High Court Of Judicature at Allahabad|07 July, 1980

JUDGMENT / ORDER

JUDGMENT C.S.P. Singh, J.
1. The assessee is a firm. The dispute relates to the assessment year 1973-74. Originally this firm consisted of Sri Mata Prasad and Sri Lakhan Lal. These persons were partners in the firm as karta of their HUFs, and had 50% share each. With effect from 1st April, 1972, Sri Pradeep Kumar, a junior member of the family of Sri Mata Prasad; also joined the firm as a partner. This was done by executing a partnership deed on April 24, 1972. Sri Pradeep Kumar did not bring any capital of his own for investment in the firm. The deed recited that Mata Prasad and Lakhan Lal shall continue to be partners on behalf of their respective HUFs having a share of 40% each, and Pradeep Kumar, who was being taken in as a working partner, was given 20% share. The reconstituted firm applied for registration under Section 185 of the Act. The ITO rejected the application following the decision of the Bombay High Court in the decision in Manilal Dharamchand v. CIT [1970] 78 ITR 96. The assessee appealed, but the AAC held that Pradeep Kumar could not become a partner in the firm in which his HUF was already a partner through its karta. In his view this would amount to an agreement of partnership by Pradeep Kumar with himself. The assessee appealed. The Tribunal held that Pradeep Kumar had been taken as a working partner, and as such the partnership was valid. It rejected the department's plea that there was no valid partnership as Pradeep Kumar had not contributed any cash or other assets of his own in the partnership property. In doing so it followed the decision of the Mysore High Court in the case of I.P. Munavalli v. CIT [1969] 74 ITR 529.

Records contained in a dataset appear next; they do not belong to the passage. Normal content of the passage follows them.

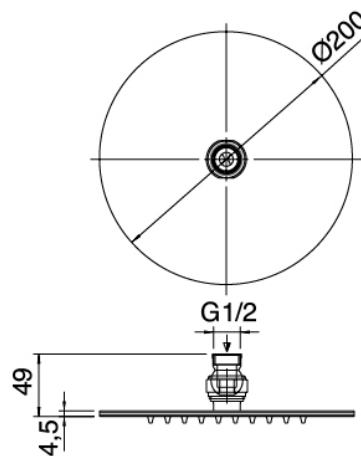

### Parte basta

Cod: 2900A401A00

Mezclador de ducha empotrado con inversor - pieza empotrada

## Alcachofa de ducha

Cod: 3600SO01A00

Plato antical - D.200 mm
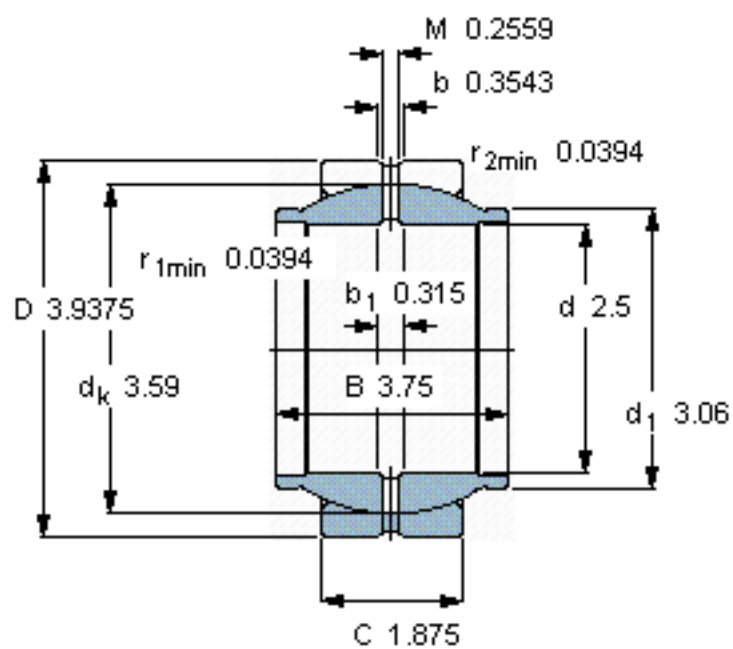

SKF GEZM 208 ES参数

主要尺寸	d	63.5	mm	-
	D	100.013	mm	-
	B	95.25	mm	-
	C	47.625	mm	-
倾斜角	±	9	度	-
基本额定载荷	C	345000	N	动载荷
	C_0	1040000	N	静载荷
重量	重量	2259	g	-
型号	型号	GEZM 208 ES	-	-

SKF GEZM 208 ES图片

参考资料: <http://www.sozhou.com/p/2f6b2112.html>

特定負荷係数

K 100

材料係数

K_M 330
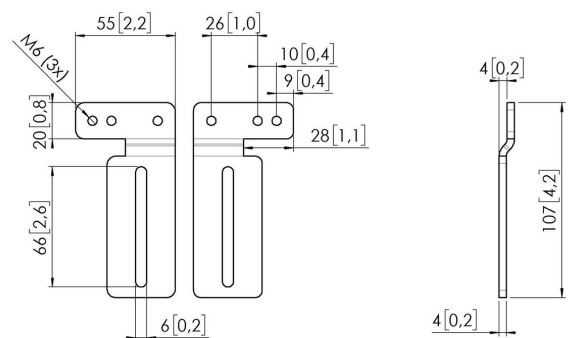

RISE A 163W Flexibele (stud) wand beugels

Belangrijke voordelen

- Maak je RISE display lift compleet met handige accessoires
- Eenvoudige installatie
- Te monteren op RISE vloer- wandoplossing

Gemakkelijk te installeren De RISE A 163 wordt gecombineerd met de standaard RISE wandbeugels, maar kan ook in combinatie met de verlengde RISE A 161 & RISE A 162. De beugel kan zo geplaatst worden, dat deze naar boven of naar onder gepositioneerd kan worden. Naast gebruik als flexibele beugel, kan deze ook aan het uiteinde van de wandbeugels bevestigd worden, om de RISE lift gemakkelijk aan een instabiele of stud wand te monteren. Diversen RISE accessoires Vogel's RISE elektrische display liften zijn verder nog uit te breiden met andere accessoires zoals Whiteboard sets. Deze zijn er in de maten 65", 75" en 86" en op maat gemaakt voor gebruik bij een vloer-wandoplossing, trolley of vloerstandaard. Ook is er een verborgen opbergunit aan elke display lift te monteren voor nog meer opberggemak, maar wel uit het zicht. RISE elektrische display-liften Gebruik de RISE A 163 flexibele (stud) wand beugels om de RISE 200X display lift op elke gewenste plek in de ruimte te plaatsen wanneer er een stopcontact, oneffenheid in de wand of kabelgoot in de weg zit. Dit accessoire is beschikbaar in de kleuren wit en zwart.

RISE A163W Flexibele (stud) wand beugels

Specificaties

Verstelbare diepte	Ja
Verstelbare hoogte	Ja
Artikelnummer (SKU)	7301631
EAN enkele doos	8712285407369
Kleur	Wit
Certificeringen	CE TÜV
TÜV-gecertificeerd	Ja
Garantie	5 jaar
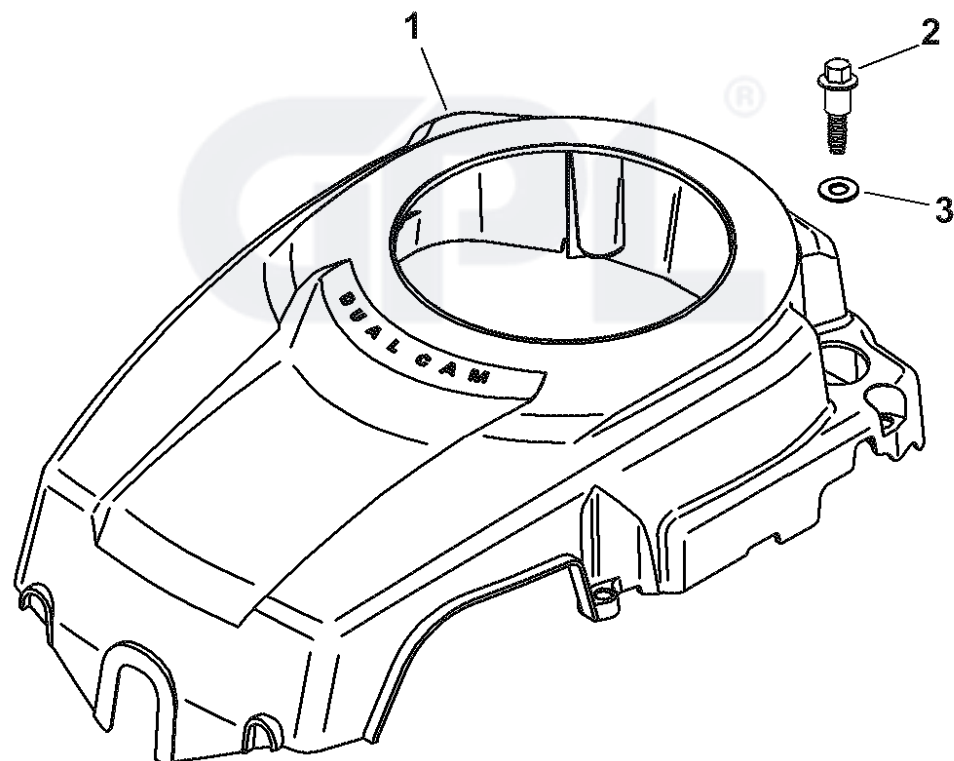

KOHLER ENGINE - MODEL NO. SV470, TYPE NO.0002

BLOWER HOUSING AND BAFFLES

Referens	Art.nr	Artikelnamn	Mängd	Kommentar
1	531029589	HUS	1	
2	531029534	SCREW	1	
3	531029591	BRICKA	1	
4	531029592	DEKAL	1	
5	531029842	DEKAL	1	

GPL®
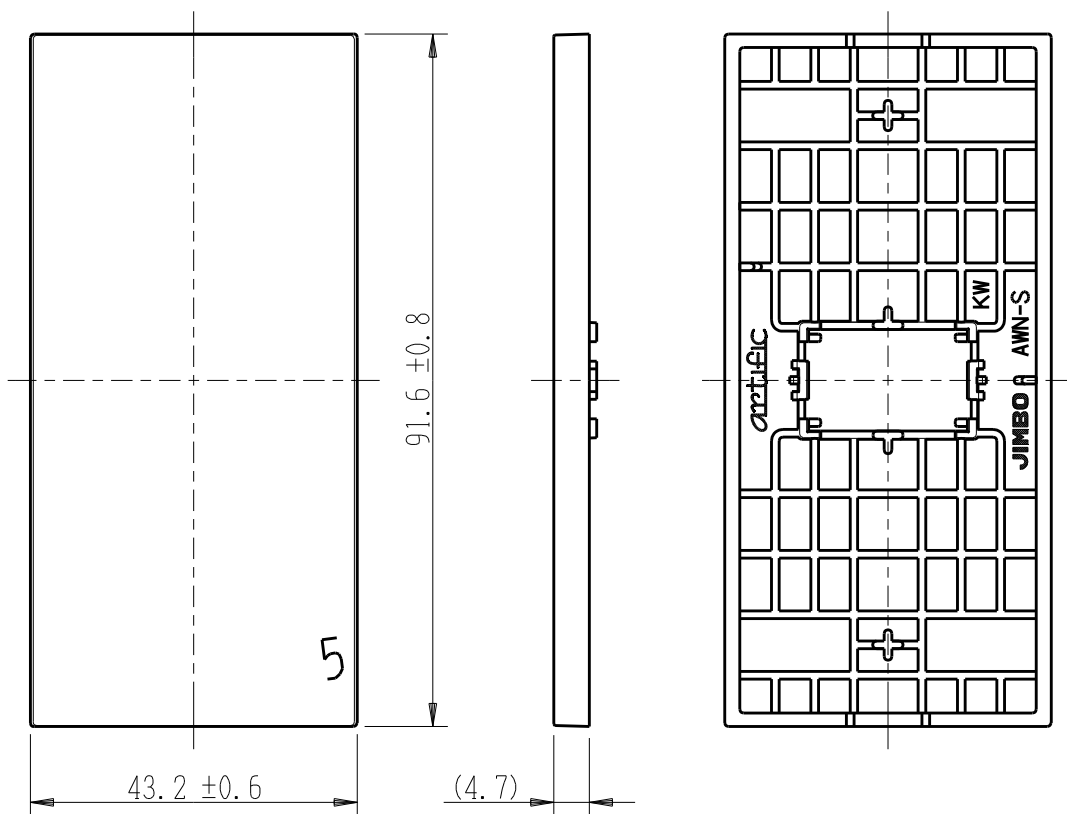

製 番	AWN-S-005 KW	製 品 名	artific series	第三角法
			操作板 1 個用	

樹脂色

KW: Kinetic White: キネティック ホワイト

文字色; オリジナルグレー

※ 仕様及び外観は商品改良のため、予告なく変更する事がありますので、都度、最新版をご確認ください。
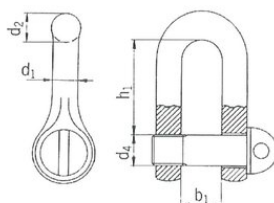

### Produktinformation

Electro galvanized shackles approved for lifting.

... [Read more](#)

**Märkning:** CE-märkning

**Säkerhetsfaktor:** 5:1

## Electro galvanized shackles with locking DIN 82101

### Ritning & mått

### Lyfttabell

Art.nr	Max last (WLL) ton	Förpackning	d4 mm	b1 mm	d1 mm	d2 mm	h1 mm	Vikt kg
SAKD0400L	0,4	25	10	14	8	19	30	0,097
SAKD0630L	0,6	25	12	17	10	21	36	0,18
SAKD1000L	1	25	16	21	13	23	49	0,3
SAKD1600L	1,6	25	20	27	17	26	61	0,57
SAKD2000L	2	1	22	30	19	29	67	0,98
SAKD2500L	2,5	1	24	33	21	33	73	1,3
SAKD3150L	3	1	27	38	24	37	84	1,85
SAKD4000L	4	1	30	42	27	41	91	2,53
SAKD5000L	5	1	36	47	30	45	111	4
SAKD6300L	6	1	39	53	34	55	120	5,3
SAKD8000L	8	1	45	60	38	60	140	7,9
SAKD10000L	10	1	48	66	42	65	147	10
SAKD16000L	16	1	60	81	52	75	185	19,2
SAKD20000L	20	1	68	90	58	80	211	28
SAKD25000L	25	1	72	100	63	-	221	34
SAKD32000L	32	1	80	110	70	-	246	49
SAKD40000L	40	1	90	125	80	-	276	75
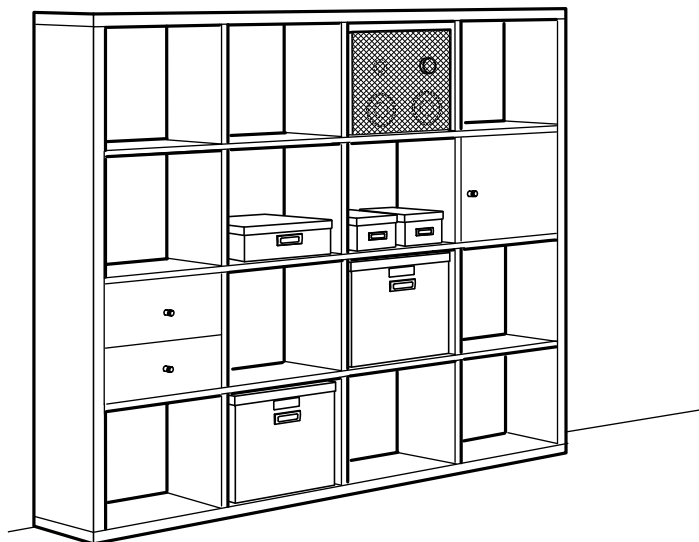

## БЕЗОПАСНОСТ

Внимание! За да се избегне преобръщане, всички мебели с височина над 79 см трябва да се закрепят към стената. Различните стенни материали изискват различни видове крепежни елементи. Използвайте такива, които са подходящи за стените във вашия дом (не са включени в комплекта). Бъдете внимателни при работа с предмети от закалено стъкло. Повреден ръб или надраскана повърхност могат да предизвикат внезапно счупване на ситни парченца, но никога на остри късове.
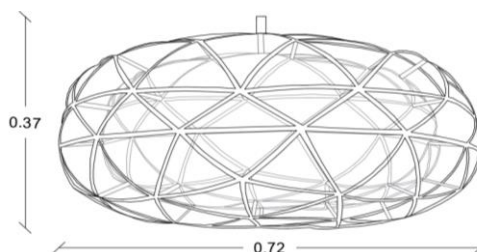

Carretera a Escuela de Agricultura 991-C
Zapopan, Jalisco. México
01 (33) 3777 5555 ventas@mexlux.com.mx

CODIGO

**ESF-
LED/40W/
OVAL**

CARACTERISTICAS TECNICAS

Tipo de Foco	LED	Proveedor	MEXLUX
Color de Luz	2700°K	Medidas	W: 72cm, H: 37cm
Watts	40W	Corte de sierra	NA
Lumens	NA	Material:	Aluminio
Voltaje	127 v	Acabado	Cromo
Transformador	NA		
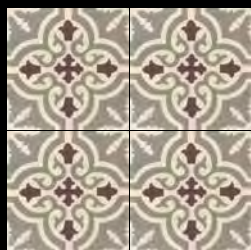

TROUVILLE 07.27.35.36
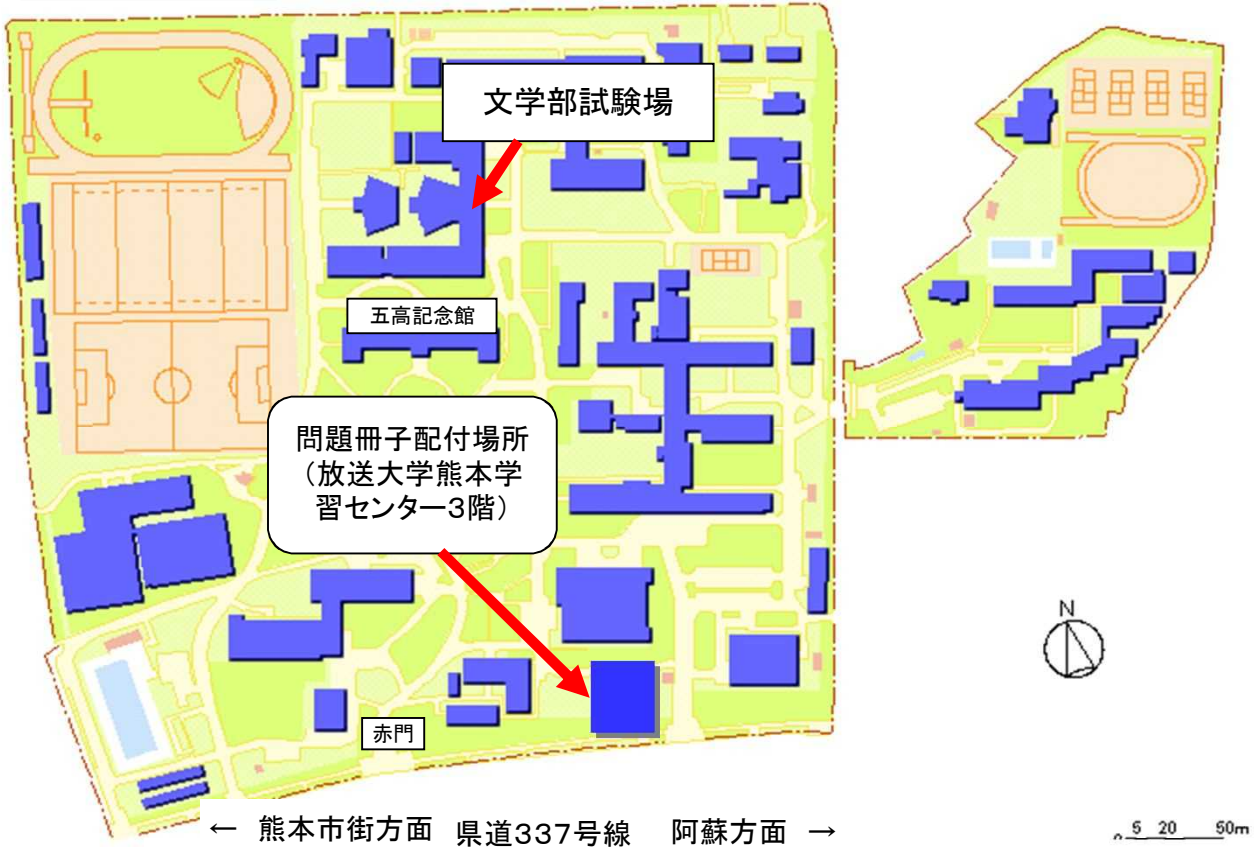

平成24年度大学入学者選抜大学入試センター試験 熊本大学黒髪地区試験場配置図

黒髪北キャンパス

2. Now, partnership is the relation arising out of a contract between persons to share the profits of a business. Being a contract it must be founded on some consideration so that it should be binding. It is not necessary that the consideration should be cash or property in order that a binding contract comes into existence. It may take the shape of capital, but it may also take the shape of labour and skill. This view is amply borne out by the relevant provisions of the Partnership Act, and the Contract Act. We may refer to them :
"'Partnership' is the relation between persons who have agreed to share the profits of a business carried on by all or any of them acting for all."
3. Thus, the foundation of a partnership is an agreement. Now, this agreement is a valid and enforceable one, and is a contract as defined by Section 10. For all agreements there has to be a proposal (Section 2(a), Contract Act) and an acceptance (Section 2(b) of the Contract Act), and consideration (see Section 25 of the Contract Act), for the reciprocal promises. Section 2(d) defines " consideration ". It says :
" When, at the desire of the promisor, the promisee or any other person has done or abstained from doing, or does or abstains from doing, or promises to do or to abstain from doing, something, such act or abstinence or promise is called a consideration for the promise."
4. Now, as Section 2(d) does not specifically say that consideration must take the form of money and property. It is thus not necessary that in order to constitute a partnership each partner must bring in some money or property. As observed by vice Chancellor Wigram in Dale v. Hamilton [1846] 5 Hare 369 at p. 393:
" if one man has skill and wants capital to make that skill available, and another has capital and wants skill, and the two agree that the one shall provide capital and the other skill, it is perfectly clear that there is a good consideration for the agreement on both sides, and it is impossible for the court to measure the quantum of value. The parties must decide that for themselves."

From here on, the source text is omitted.